### [Work to be completed]
Scan the entries below. List each line with "resina".

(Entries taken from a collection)
□ □ □
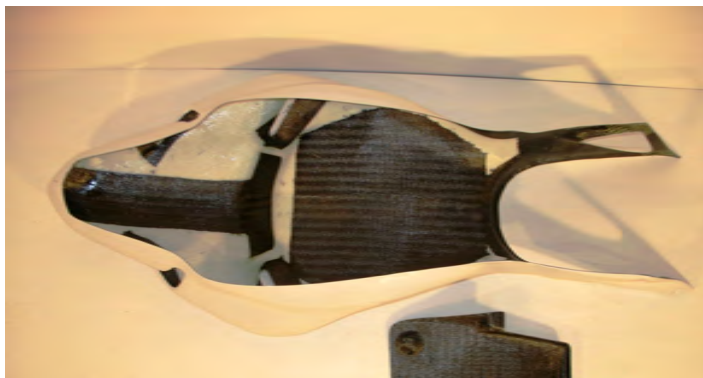

CARENE IN AVIOFIBRA

Prodotte interamente in tessuto di vetro di alta qualità con una speciale resina epossidica che le rende flessibili. Infatti, in caso di piccole cadute o scivolate, la carena flette e non si rompe.

Vengono rinforzate con fogli di carbonio e kevlar su tutti i punti di attacco, di maggior sollecitazione e per tutto il perimetro della carena.

Utilizzando questa speciale resina epossidica che ha un peso specifico minore della normale resina di poliestere utilizzata comunemente per la produzione di carene, la stessa risulta molto più leggera, il peso risparmiato rispetto a una carena in vetroresina è circa del 50%.

Tali carene vengono usate per la maggior parte nella categoria stock dove non è possibile utilizzare carene in carbonio ma è pur sempre importante contenere i pesi. E' possibile consegnare le carene preforate con attacchi a sgancio rapido già installati. La carena completa comprende: carena superiore, vasca inferiore, codone e sottocodone ove previsto.
□ □ □
### [Output]
Prodotte interamente in tessuto di vetro di alta qualità con una speciale resina epossidica che le rende flessibili. Infatti, in caso di piccole cadute o scivolate, la carena flette e non si rompe.
Utilizzando questa speciale resina epossidica che ha un peso specifico minore della normale resina di poliestere utilizzata comunemente per la produzione di carene, la stessa risulta molto più leggera, il peso risparmiato rispetto a una carena in vetroresina è circa del 50%.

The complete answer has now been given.